Exercise brief
Give again, word for word, each line below starting at the one that contains "- Gráfico personalizado" and ending at the one that contains "CALIDAD, SERVICIO Y GARANTÍA".

Entries supplied
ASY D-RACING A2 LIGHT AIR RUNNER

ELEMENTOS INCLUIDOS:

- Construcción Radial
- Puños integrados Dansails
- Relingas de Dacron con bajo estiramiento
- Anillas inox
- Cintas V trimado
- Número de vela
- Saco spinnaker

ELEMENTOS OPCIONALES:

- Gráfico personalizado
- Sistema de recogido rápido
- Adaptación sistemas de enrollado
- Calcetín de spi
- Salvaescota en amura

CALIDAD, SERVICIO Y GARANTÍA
==
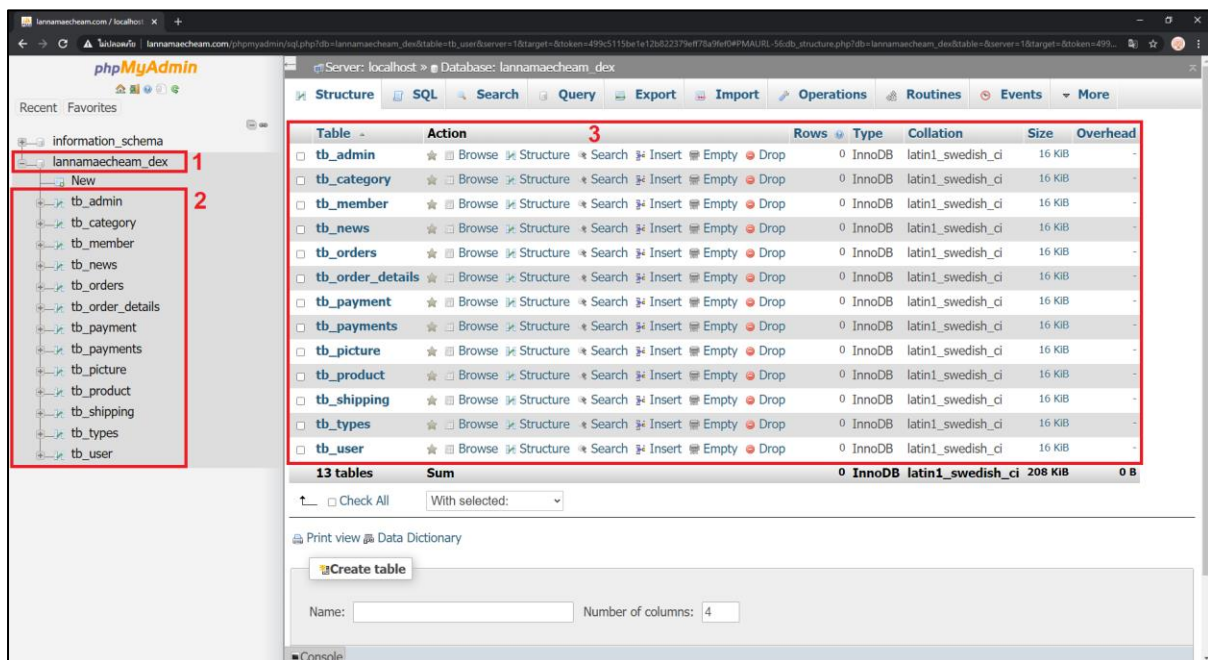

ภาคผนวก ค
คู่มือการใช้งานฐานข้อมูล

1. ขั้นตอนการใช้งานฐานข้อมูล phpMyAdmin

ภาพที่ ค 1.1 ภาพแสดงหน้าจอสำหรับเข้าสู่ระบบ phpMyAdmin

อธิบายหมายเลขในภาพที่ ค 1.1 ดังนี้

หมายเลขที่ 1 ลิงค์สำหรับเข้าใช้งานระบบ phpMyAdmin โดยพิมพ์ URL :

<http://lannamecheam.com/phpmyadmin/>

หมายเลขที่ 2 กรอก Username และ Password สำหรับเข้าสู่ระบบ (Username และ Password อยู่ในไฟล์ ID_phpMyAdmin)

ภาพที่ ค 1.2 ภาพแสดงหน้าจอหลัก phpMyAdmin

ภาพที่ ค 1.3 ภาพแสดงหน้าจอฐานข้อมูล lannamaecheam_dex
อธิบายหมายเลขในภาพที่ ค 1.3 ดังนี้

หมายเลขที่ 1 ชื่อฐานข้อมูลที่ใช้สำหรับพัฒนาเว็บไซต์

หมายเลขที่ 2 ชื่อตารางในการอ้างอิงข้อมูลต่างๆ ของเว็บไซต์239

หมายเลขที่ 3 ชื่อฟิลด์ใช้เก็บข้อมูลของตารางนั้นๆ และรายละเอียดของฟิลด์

Exercise answer
- Gráfico personalizado
- Sistema de recogido rápido
- Adaptación sistemas de enrollado
- Calcetín de spi
- Salvaescota en amura

CALIDAD, SERVICIO Y GARANTÍA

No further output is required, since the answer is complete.